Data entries

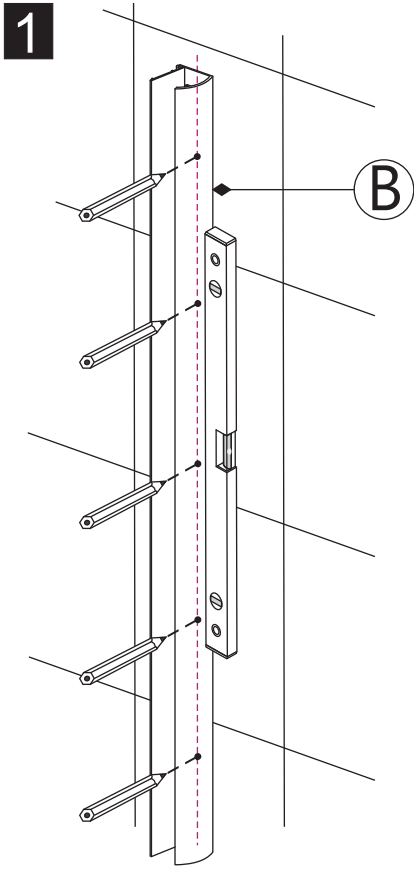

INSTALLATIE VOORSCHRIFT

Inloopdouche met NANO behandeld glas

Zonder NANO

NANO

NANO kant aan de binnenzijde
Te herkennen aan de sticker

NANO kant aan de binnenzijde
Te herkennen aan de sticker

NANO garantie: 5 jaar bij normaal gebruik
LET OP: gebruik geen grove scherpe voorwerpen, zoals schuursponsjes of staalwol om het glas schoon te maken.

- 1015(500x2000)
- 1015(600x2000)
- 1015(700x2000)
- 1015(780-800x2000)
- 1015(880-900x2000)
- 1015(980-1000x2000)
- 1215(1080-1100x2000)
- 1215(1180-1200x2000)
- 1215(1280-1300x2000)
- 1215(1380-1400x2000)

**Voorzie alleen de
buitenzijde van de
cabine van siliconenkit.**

...

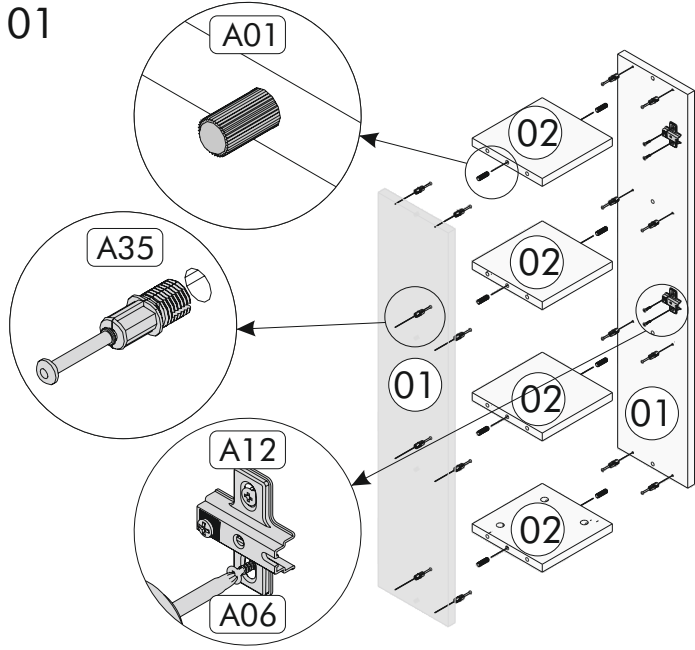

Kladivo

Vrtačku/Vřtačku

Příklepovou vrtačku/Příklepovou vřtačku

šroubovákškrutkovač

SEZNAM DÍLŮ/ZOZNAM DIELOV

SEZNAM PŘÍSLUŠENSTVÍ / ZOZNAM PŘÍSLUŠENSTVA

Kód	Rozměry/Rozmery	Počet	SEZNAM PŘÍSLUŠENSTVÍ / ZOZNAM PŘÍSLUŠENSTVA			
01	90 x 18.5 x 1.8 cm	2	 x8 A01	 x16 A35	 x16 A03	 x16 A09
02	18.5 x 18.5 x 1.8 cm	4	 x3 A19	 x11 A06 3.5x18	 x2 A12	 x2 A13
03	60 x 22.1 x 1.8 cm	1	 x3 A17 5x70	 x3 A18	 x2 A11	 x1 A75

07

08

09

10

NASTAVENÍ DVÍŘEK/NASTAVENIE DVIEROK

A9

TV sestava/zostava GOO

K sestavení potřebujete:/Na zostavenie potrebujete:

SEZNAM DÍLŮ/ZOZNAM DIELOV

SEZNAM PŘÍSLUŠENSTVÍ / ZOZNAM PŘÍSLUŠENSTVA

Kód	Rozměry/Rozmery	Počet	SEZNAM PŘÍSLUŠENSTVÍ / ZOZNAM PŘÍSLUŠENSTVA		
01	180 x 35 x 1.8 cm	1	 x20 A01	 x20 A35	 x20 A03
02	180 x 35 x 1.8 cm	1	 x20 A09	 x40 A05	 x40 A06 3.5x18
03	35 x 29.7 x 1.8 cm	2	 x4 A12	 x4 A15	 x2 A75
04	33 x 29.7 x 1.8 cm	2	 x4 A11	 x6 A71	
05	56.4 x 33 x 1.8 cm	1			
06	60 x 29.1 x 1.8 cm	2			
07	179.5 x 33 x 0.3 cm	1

◆ TRY IT
Reproduce the lines of the entries above from the one with "INSTALLATIE VOORSCHRIFT" to the one with "cabine van siliconenkit.**", both included, exactly and without any other line.

◆ SOLUTION FOR THIS PROBLEM
INSTALLATIE VOORSCHRIFT

Inloopdouche met NANO behandeld glas

Zonder NANO

NANO

NANO kant aan de binnenzijde
Te herkennen aan de sticker

NANO kant aan de binnenzijde
Te herkennen aan de sticker

NANO garantie: 5 jaar bij normaal gebruik
LET OP: gebruik geen grove scherpe voorwerpen, zoals schuursponsjes of staalwol om het glas schoon te maken.

- 1015(500x2000)
- 1015(600x2000)
- 1015(700x2000)
- 1015(780-800x2000)
- 1015(880-900x2000)
- 1015(980-1000x2000)
- 1215(1080-1100x2000)
- 1215(1180-1200x2000)
- 1215(1280-1300x2000)
- 1215(1380-1400x2000)

**Voorzie alleen de
buitenzijde van de
cabine van siliconenkit.**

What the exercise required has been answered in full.